Securities / ETF (extending)

• StockExchange interface (v3.8.9.11+)
• Domestic broker API integrated (operation/verification)
• ETF/equity UI complete (2026-01-18)
• Asset-class engine separation (crypto/securities)

Extension

• Overseas equities/futures (testing)
• Real estate (planned)
• Modular architecture for easy extension

Role of Analyst AI

NoahAI's Analyst AI is not a single model that makes judgment for you; it is a multi-module decision structure with separated roles to decompose, verify, and explain judgment from multiple angles.

Each module has distinct responsibilities (analysis, evaluation, risk control, verification) to minimize judgment bias and single points of failure and to present judgment in understandable form.

Core modules

The modules below are not a public API list; they are components of the decision infrastructure used inside NoahAI to perform financial judgment safely. Each module is designed for judgment, verification, and logging—not execution-first.

This set is designed as an Analyst AI structure with separated analysis, evaluation, risk, and verification roles to minimize bias and single points of failure.

1. analyzer.py – Market analysis and AI signal generation

  • Technical indicators: RSI, MACD, Bollinger, SMA/EMA, ATR, volume
  • Market regime: Volatility, trend strength, momentum, sentiment
  • Signals: Technical + AI-enhanced signals
  • Dynamic thresholds: Volatility thresholds by regime
  • Confidence: Technical + AI data + sentiment (0.0–1.0)

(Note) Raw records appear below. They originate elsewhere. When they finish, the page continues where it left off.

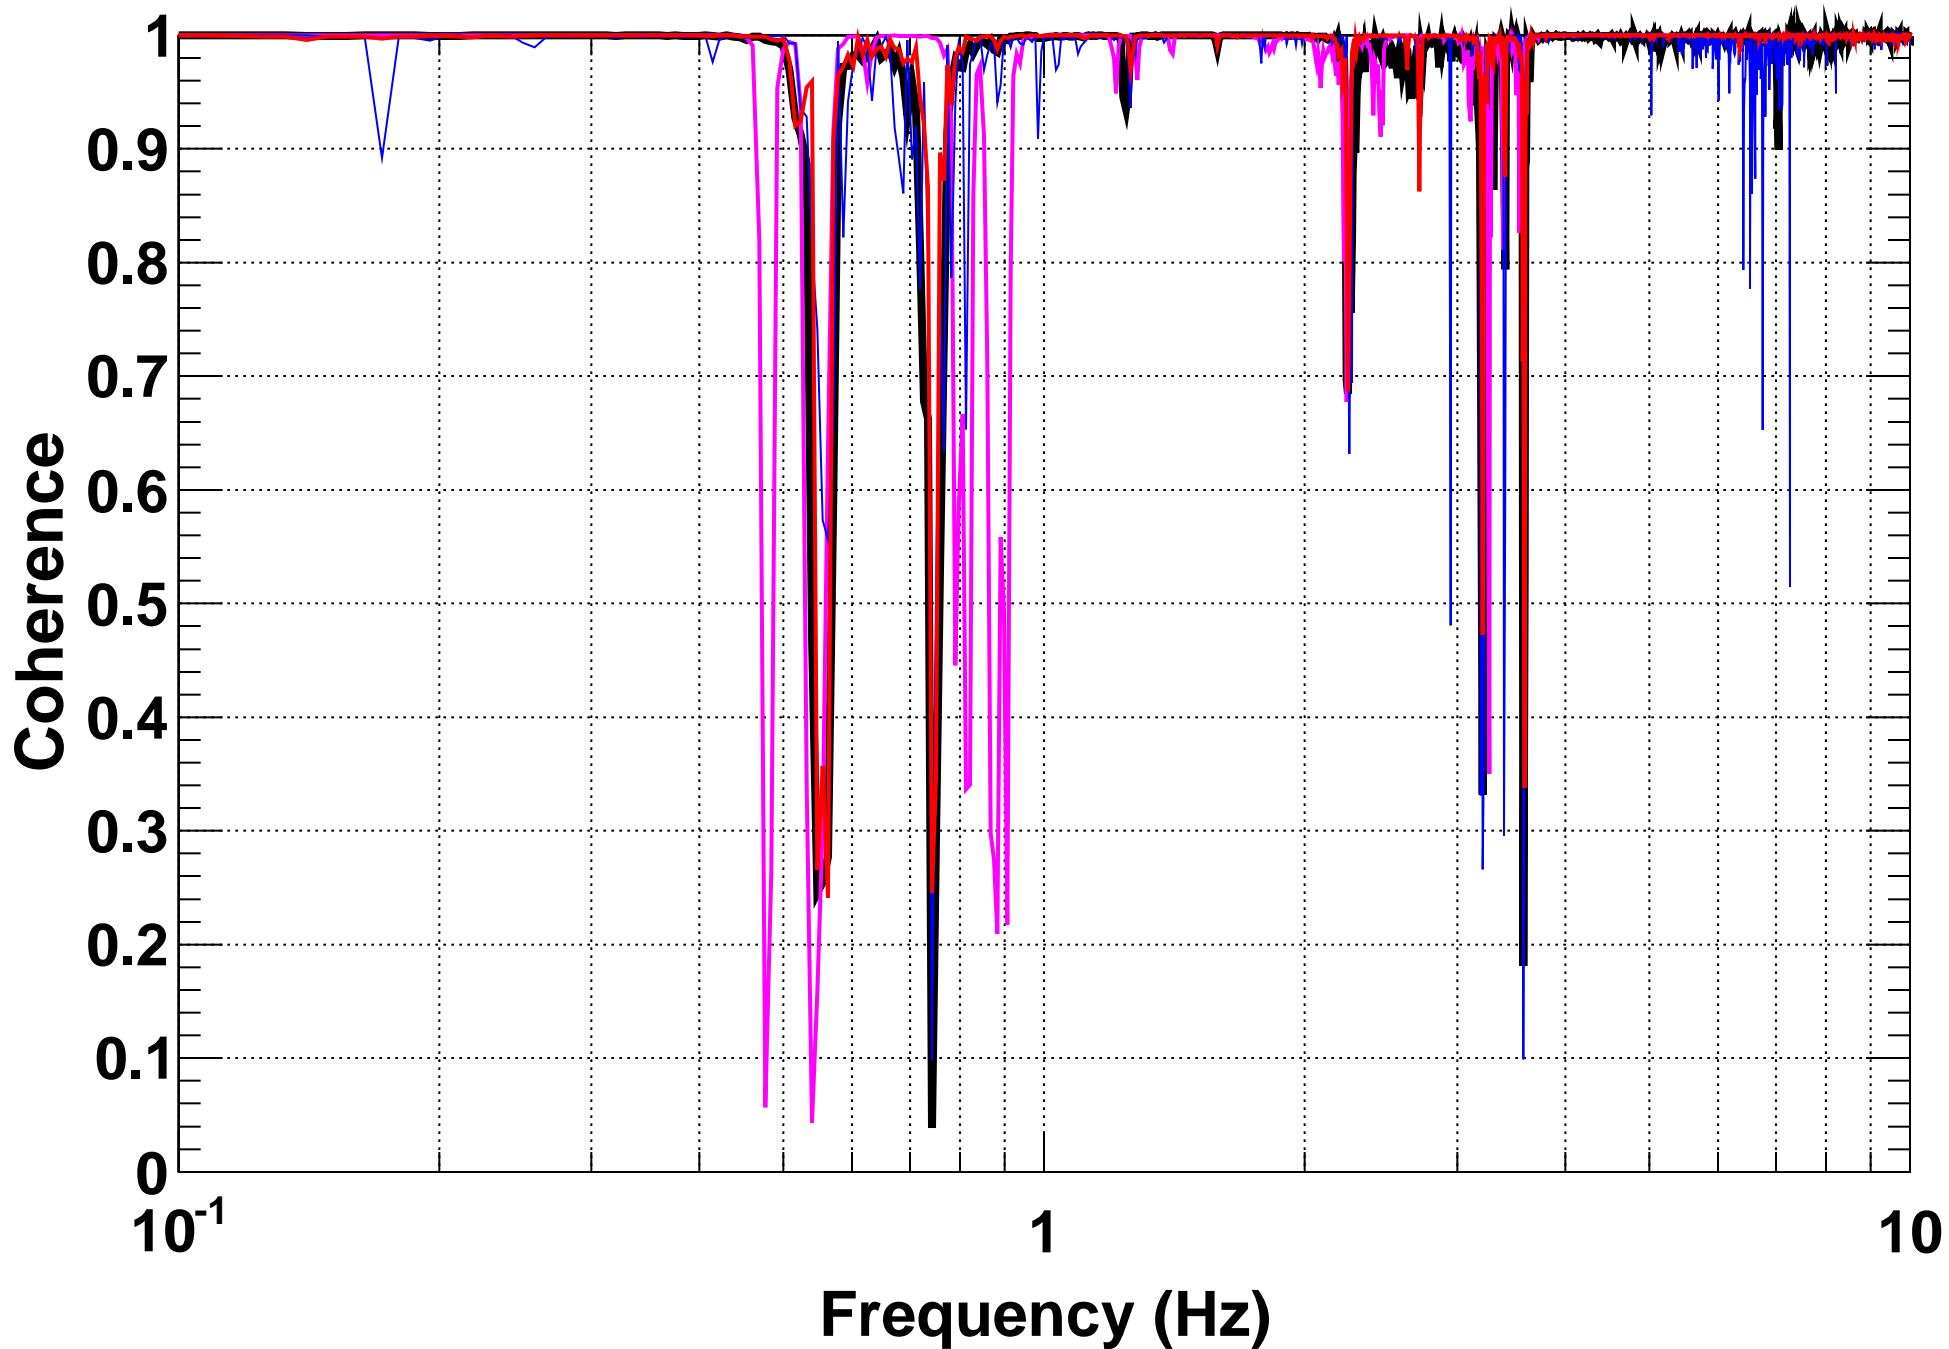

Transfer function

*T0=12/01/2015 05:39:53

*Avg=6

*BW=0.0117187

Coherence

***T0=12/01/2015 05:39:53**

***Avg=6**

BW=0.0117187
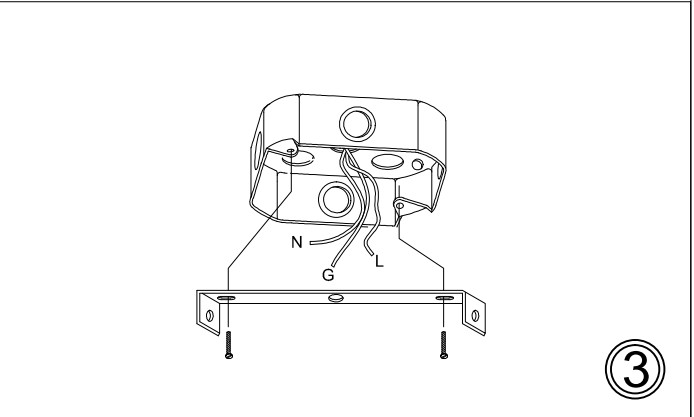

HEL-344P-PC

①

②

③

④

⑤

⑥

⑦

⑧

Bulbs/ Ampoules:
4x Max 100W E26 Base
(Not Included/ Non Inclus)
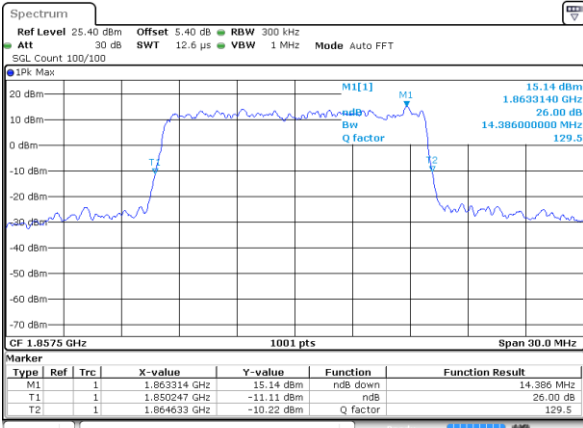

Highest Channel / 10MHz / 64QAM

Date: 4 JUL 2019 02:49:02

LTE Band 25

Lowest Channel / 15MHz / 64QAM

Date: 4 JUL 2019 02:59:33

Lowest Channel / 20MHz / 64QAM

Date: 4 JUL 2019 03:24:20

Middle Channel / 15MHz / 64QAM

Date: 4 JUL 2019 03:12:08

Middle Channel / 20MHz / 64QAM

Date: 4 JUL 2019 03:36:54

Highest Channel / 15MHz / 64QAM

Date: 4 JUL 2019 03:13:49

Highest Channel / 20MHz / 64QAM

Date: 4 JUL 2019 03:38:35

LTE Band 26
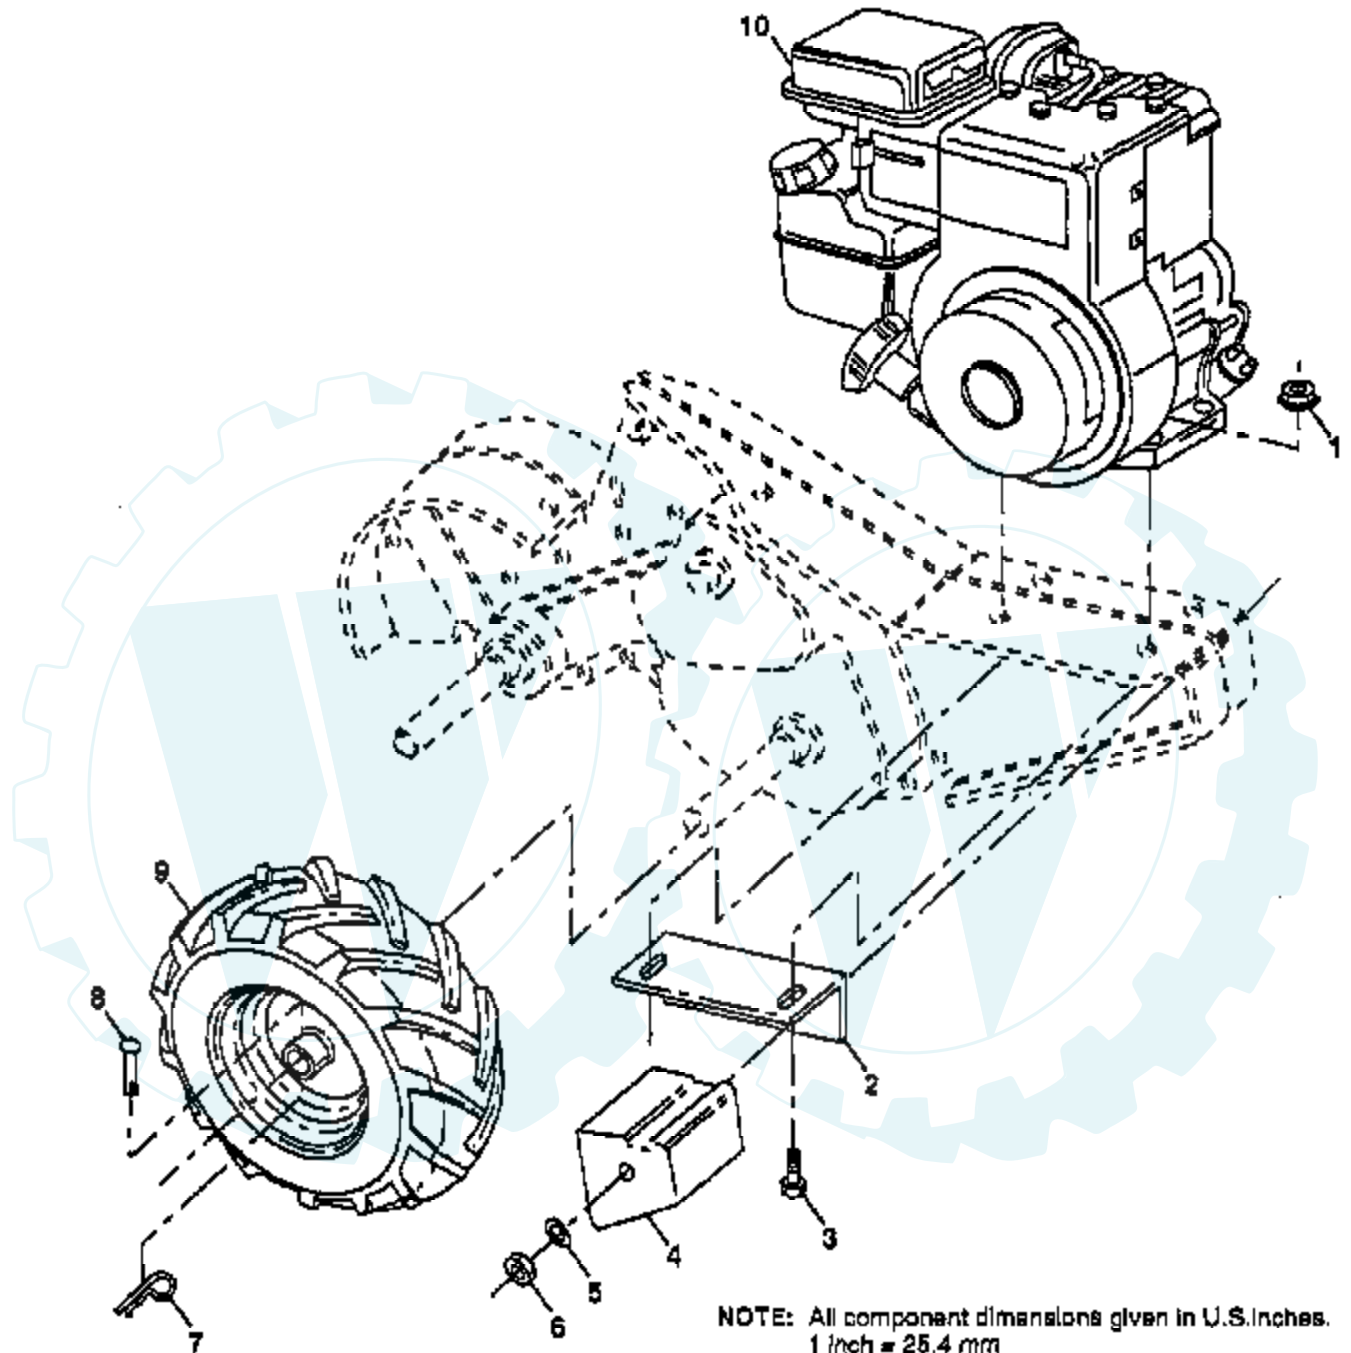

MAINFRAME, RIGHT SIDE

Ref #	Part Number	Qty	Description
1	73510500		NUT
2	102332X		BRACKET RH CRT
3	74760524		BOLT.HEX.5/16-1.5
4	102173X		COUNTERWEIGHT CRT
5	10040600		LOCKWASHER
6	73220600		NUT.HEX.3/8-16UNC
7	4497H		RETAINER M
8	126875X		RIVET.DRILL.1.75
9	102190X		TIRE.CHV.13X5.0-6
	124258X		RIM
	795R		SUB= 65139
10			REFER TO IMAGE
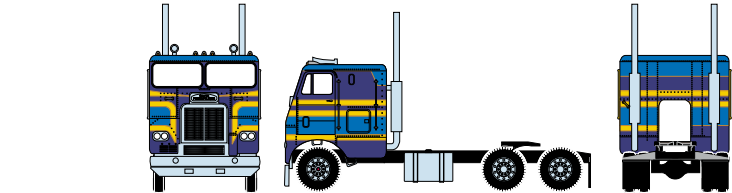

HO Freightliner Tractor

Announced 02.26.16
Orders Due: 03.25.16

ETA: December 2016

2 Axle

3 Axle

ATH78759
ATH78760

HO RTR Freightliner 2 Axle Tractor, Owner Operator White/Purple
HO RTR Freightliner 3 Axle Tractor, Owner Operator White/Purple

ATH78761
ATH78762

HO RTR Freightliner 2 Axle Tractor, Owner Operator Blue/Purple
HO RTR Freightliner 3 Axle Tractor, Owner Operator Blue/Purple

ATH78763
ATH78764

HO RTR Freightliner 2 Axle Tractor, Owner Operator Silver/Green
HO RTR Freightliner 3 Axle Tractor, Owner Operator Silver/Green

ATH78769
ATH78770

HO RTR Freightliner 2 Axle Tractor, Owner Operator Black/Purple
HO RTR Freightliner 3 Axle Tractor, Owner Operator Black/Purple

MODEL FEATURES:

- Factory assembled with many detail parts applied
- Clear window glazing
- Molded cab interior with separately applied steering wheel
- Rubber tires
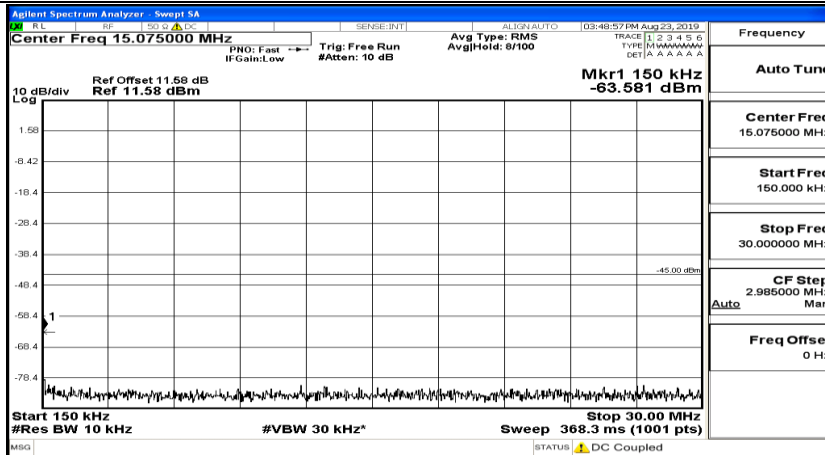

CSE Test Graph(s) (Channel Bandwidth:20 MHz)_MCH_16QAM

2. evaluator.py – Asset selection

  • Multi-dimensional score: Volatility (35%), trend (25%), volume (20%), frequency (10%), depth (5%), RSI (5%)
  • AI evaluation: Asset evaluation using AI learning data
  • Regime-based strategy: LOW/NORMAL/HIGH volatility
  • Hybrid: Caching + fallback + hardcoding for stability and performance
  • Optimization: Load 4min → near-instant; API dependency 100% → 30%

3. unified_trader.py – Orchestration and state

  • Multi-exchange: CCXT-based integration
  • Position monitoring: Per-exchange cycle (5–15s)
  • Execution policy: User settings and guardrails (halt, limits, exceptions)
  • Verification mode: Validate judgment and risk without live execution

4. ai_manager.py – AI learning and pattern

  • Market analysis: Regime and dynamic settings
  • Exit analysis: Exit timing optimization
  • Pattern verification: Pre-entry pattern (k-NN)
  • TP/SL analysis: Trade cause and improvement
  • Reports: Daily/weekly/monthly
  • Conversational AI: Natural-language assistant

5. recorder.py – Database and learning data

  • Persistent trade logging
  • AI learning data management
  • Statistics and performance

6. alpha_arena_trader.py – Alpha Arena (research)

Alpha Arena is a research/verification-only environment fully separate from live decisions and user assets.

  • LLM experiments: DeepSeek 3.1, Qwen 3 Max
  • Benchmark: nof1.ai Alpha Arena verification
  • Independent mode: Separate from main pipeline
  • Scope: Compare and replay engine/policy under same conditions

Extension points

This architecture is modular and can extend as follows:

  • Assets: Crypto → securities/ETF → real estate → everyday finance (transfers, checks, budgeting) on the same judgment–logging–verification structure.
  • Channels: Text → voice (accessibility) and step-by-step guidance for seniors and the digitally excluded.
  • Protection: Anomaly detection from context and behavior to mitigate fraud and phishing risk.